雇用関連では現状を再認識できる結果が出ている。
・忘年会や年始会の発注が戻ってきている。新型コロナウイルス感染症発生前にはなかった企業からの直接の依頼も増えている(人材派遣会社)。
■先行き
・全国的に人手不足ということもあり、首都圏で採用が厳しい企業が地方への採用へ、中途採用のみだった企業が新卒採用へ幅を広げている状況がある。現在年明けの学内説明会も多くセッティングできており、それらの企業は求人依頼が確定している(学校[専門学校])。
「新型コロナウイルス感染症発生前にはなかった企業」とはどのような業種なのだろうか。大いに気になるところではある。また、人材不足が本格的なものとなってきたような雰囲気を覚える。
多分に外部的要因に左右されるところが大きい昨今の景気動向だが、国内ではそれらの要因を抑え込むだけの景況感を回復させ、お金と商品の回転を上げるためのエネルギーとなる、消費性向を加速をつけるような材料が望まれる。「景気」とは周辺状況の雰囲気・気分と読み解くこともでき、多分に一般消費者の心境に左右される。

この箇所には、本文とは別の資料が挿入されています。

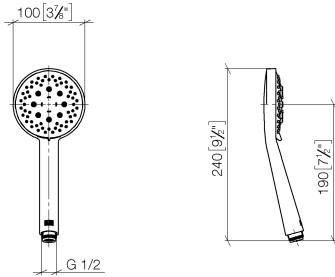

28 018 979

- 3 ou 5 jets réglables : COMPACT RAIN, COMPACT SOFT FLOW, COMPACT AQUAPRESSURE FLOW, débit max. 15 l/min (à 3 bar)
- avec système anti-calcaire
- pomme de douche Ø 100 mm
- raccord 1/2"
- Fonction à partir de: 7 l/min

Avec sécurité anti-retour.

S'adapte aux gammes suivantes : IMO, LULU, MADISON, MEM, TARA, CL.1, LISSÉ, VAIA, META, CYO

	Chrome brossé	28 018 979-93
	Chrome	28 018 979-00
	Chrome	28 018 979-00 0010
	Platine brossé	28 018 979-06
	Platine brossé	28 018 979-06 0010
	Platine	28 018 979-08
	Platine	28 018 979-08 0010
	Dark Chrome	28 018 979-19
	Dark Chrome	28 018 979-19 0010
	Or clair	28 018 979-26 0010
	Or clair	28 018 979-26
	Or clair brossé	28 018 979-27 0010
	Or clair brossé	28 018 979-27
	Laiton brossé (Or 23cts)	28 018 979-28
	Laiton brossé (Or 23cts)	28 018 979-28 0010
	Noir mat	28 018 979-33
	Noir mat	28 018 979-33 0010
	Bronze brossé	28 018 979-42 0010
	Bronze brossé	28 018 979-42
	Champagne brossé (Or 22cts)	28 018 979-46
	Champagne brossé (Or 22cts)	28 018 979-46 0010
	Champagne (Or 22cts)	28 018 979-47
	Champagne (Or 22cts)	28 018 979-47 0010
	Chrome brossé	28 018 979-93 0010
	Dark Platinum brossé	28 018 979-99
	Dark Platinum brossé	28 018 979-99 0010

## Douchette à main - Chrome brossé

---

IMO

28 018 979

28 018 979

mm [inches]

**Diagramme de débit**

**Codes & Standards**

DIN 4109

EN 1112

ISO 3822

Scottish Water  
Byelaws

UK Water Supply  
Regulations

Ü-Zeichen

Douchette à main - Chrome brossé

IMO

世界各国が経済面で深く結びついている以上、海外での事象が日本にも小さからぬ火の粉として降りかかることになる。株価に一喜一憂しないのがベストではあるが、ポジティブな時には静かに伝え、ネガティブな時には盛り盛りで報じる昨今の報道姿勢を見るに「過剰な不安を持つな」と諭しても無理がある。むしろ内需の動きを後押しする形で、海外からのマイナス要因を打ち消すほどの、国内におけるプラス材料が望まれる。
リーマンショックや東日本大震災の時以上に景況感の足を引っ張る形となった新型コロナウイルスだが、結局のところ警戒すべき流行の沈静化とならない限り、経済そのもの、そして景況感に大きな足かせとなり続けるのには違いない。このまま、生活様式そのものを大きく変えたまま、通常化するのだろうか。世界的な規模の疫病なだけに、ワクチンなどによる平常化への動きを願いたいものだが。
さらにロシアによるウクライナへの侵略戦争は日本が直接手を出して状況を改善できる類のものではない。電気代をはじめとした物価上昇の大きな要因となっていることもあり、景況感に与える悪影響は大きなものとなっている。その上、先日の令和6年能登半島地震も大きなマイナス要因となるに違いない。景況感の悪化を押しとどめ、改善へと向かわせる間接的な対応を、関係各方面に望みたいものである。